The problem was the gap between thinking and building.
My notes would be stuck on the tablet. Disconnected from everything else (Claude Code, Prototyper, Codex). I’d have ten pages of handwritten strategy or design files and no way to say “Claude, read what I wrote last Tuesday and help me turn it into a plan.” Sometimes I’d take photos of pages and paste them into Claude, which worked but felt ridiculous.
The thinking was good. The bridge to action was missing. So I built one.
What I built (and how)
I built an MCP server that connects Claude directly to my reMarkable library. It took about a weekend. The build itself is a good example of what “build with AI” looks like in practice, including the parts that are annoying and tedious.
Saturday evening, 8pm: first working version in about an hour. Cloud API client, notebook and PDF extraction, full-text search in SQLite, multi-layer caching, page rendering. It could pull any document from my reMarkable cloud and render pages as images Claude could see.
The first version had three OCR backends: Tesseract, Google Cloud Vision, and MCP sampling. I stripped out two within the hour. MCP sampling means Claude reads your handwriting using its own vision. No API keys, no external services, no setup. Removing complexity made everything better.
I tried to stick with that through the project.
Come Sunday morning I realized the tool interface was wrong. It worked, but it was designed for a human browsing an API, not for an AI navigating a library. Claude kept hitting pagination walls and had no way to tell handwritten notebooks from typed PDFs.
So I rebuilt the interface from Claude’s perspective. This is the “build with AI” principle applied to design: if the AI is your user, design for how it works. For example, I implemented a multi-page read so it doesn’t request pages one at a time. I built a grep tool that searches within a document and jumps to the matching page. Auto-OCR that detects handwriting without being asked.
Sunday evening: the setup problem. This was actually quite tricky.
A great MCP server that nobody can install is useless. reMarkable’s auth requires a tricky one-time code from their website. The MCP config is a JSON file in a specific location. The dependencies include a C library for converting SVGs to PNGs that most people don’t have.
They are tiny things, but they all add up to built enough friction so that it becomes hard for non-technical people to set this up.
So I decided to try building a one-line installer:
curl -fsSL https://thijsverreck.com/setup.sh | sh
This was quite new for me. The trickiest thing that I found is making sure that it doesn’t just work on your own system. But I ended up with a neat results.
Monday: the last mile. Claude Desktop has a tiny quirk which is a limited PATH and couldn’t find uvx, so the setup script resolves the full binary path at install time. The config writer merges into existing config instead of overwriting it, because blowing away someone’s other MCP servers would be hostile.
I ended up with a result that I was quite happy with.
One design decision I want to highlight, because it ties back to the principle: the entire server is read-only. Every tool is idempotent.
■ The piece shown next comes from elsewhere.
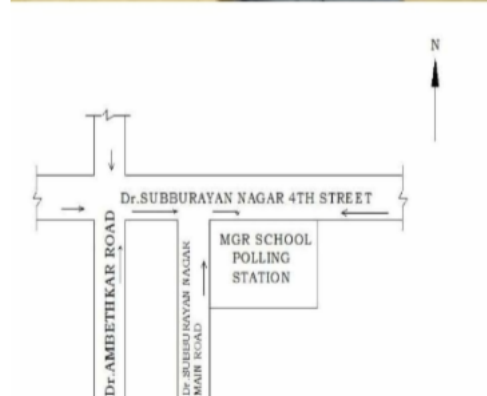

Cad View

Key MAP View
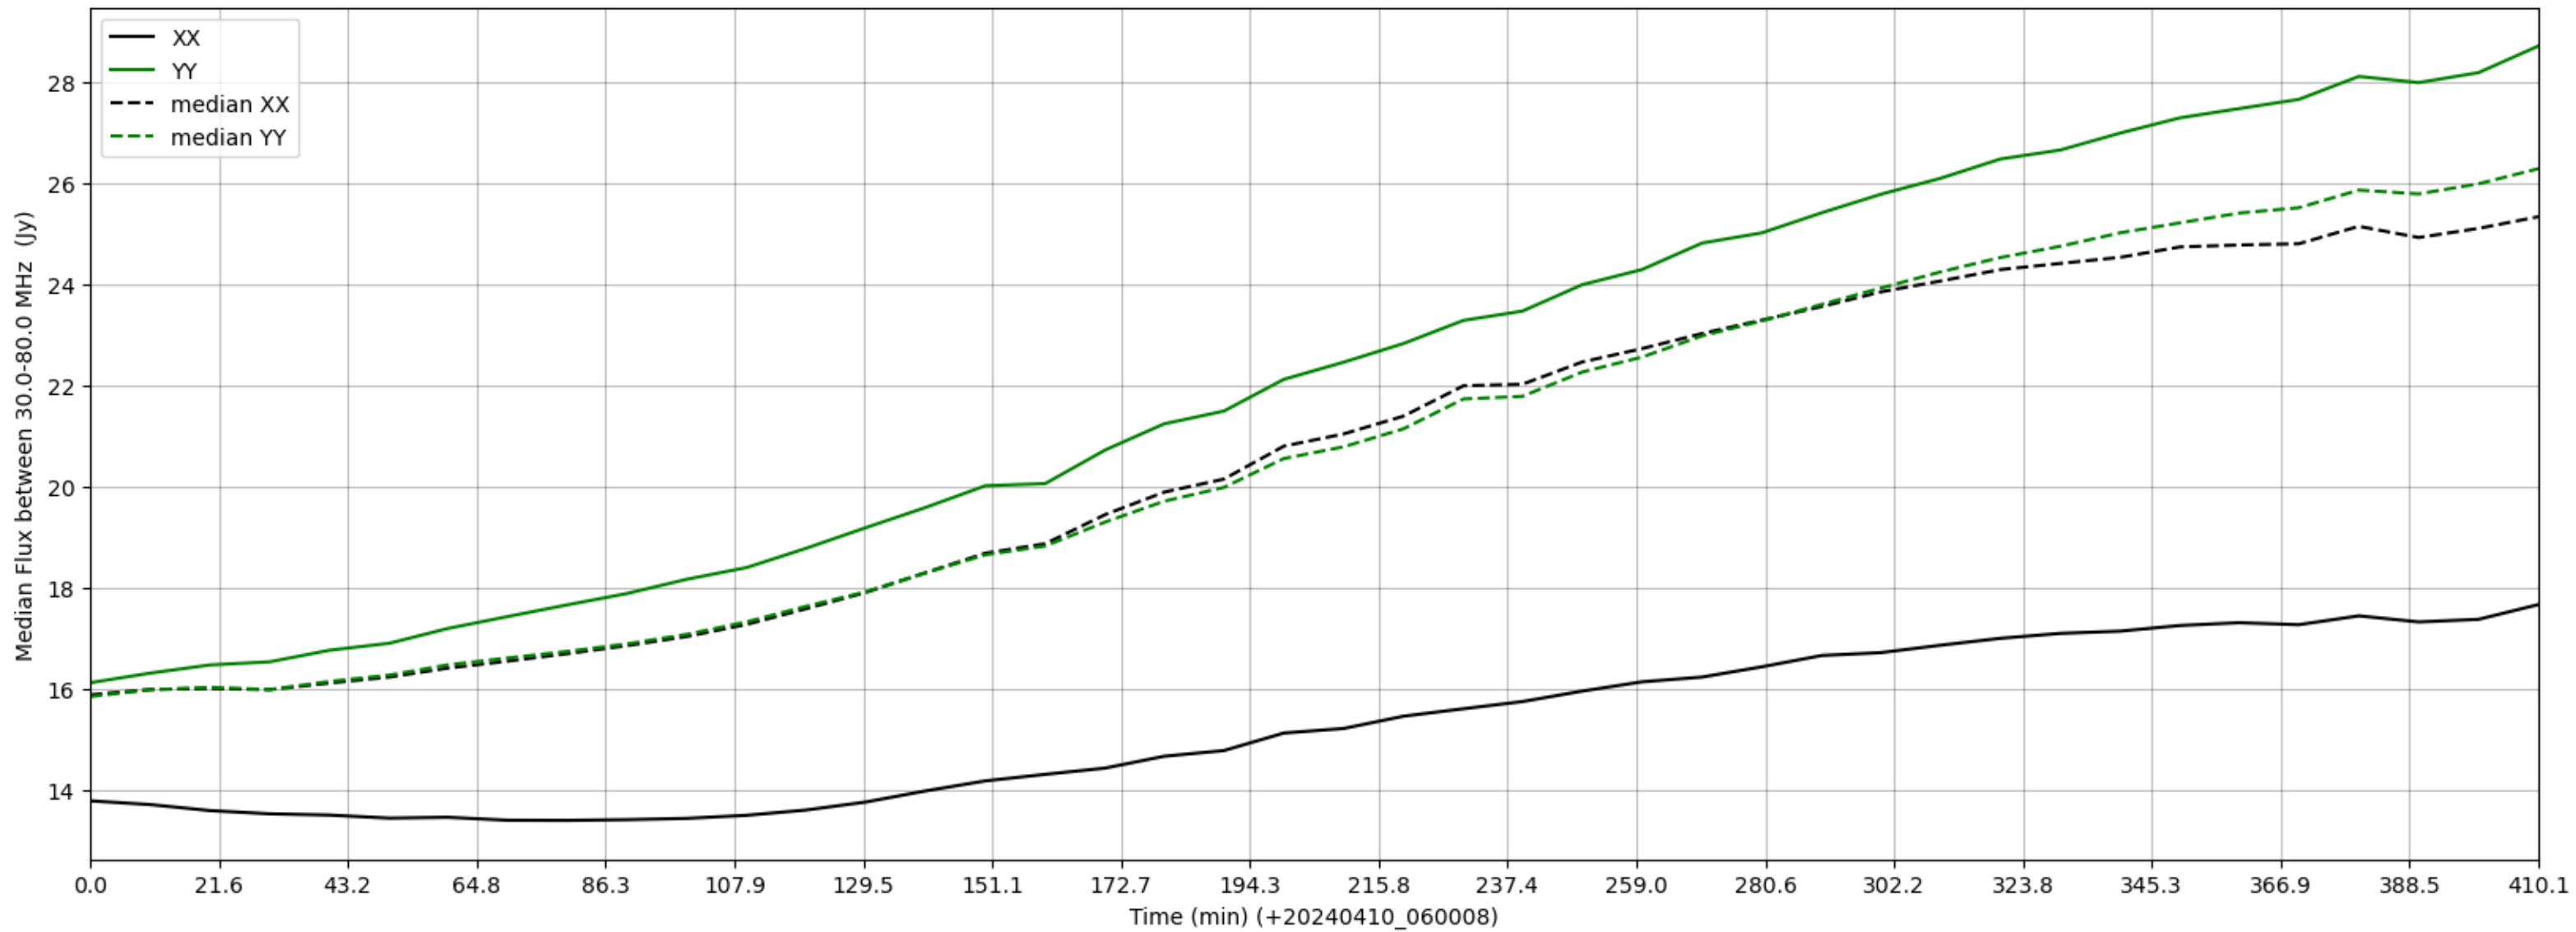

LWA306 - Correlator# 053 - XX FLAGS:Good - YY FLAGS:Good

LWA317 - Correlator# 052 - XX FLAGS:Good - YY FLAGS:Good

Claude can read my notes, search them, OCR them, but it cannot edit or delete anything on my tablet. The tablet is where I think. I don’t want AI anywhere near that process. The MCP server is the bridge from thinking to building, and it’s a one-way bridge on purpose.
The principle, fully earned
Think without AI. Build with AI.
I thought about this problem on my reMarkable, without assistance, until I understood what I actually needed. Then I built the solution in a weekend with AI, fast and messy and real. The thinking was slow and careful. The building was fast and aggressive. Different modes, different tools.
This is what “build with AI” means for me. Not “let AI do everything.” Not “avoid AI for purity.” You use your brain for the parts that need your brain. Use AI for the parts where leverage matters more than depth. And be honest about which is which, because the EEG study suggests we’re not naturally good at telling the difference.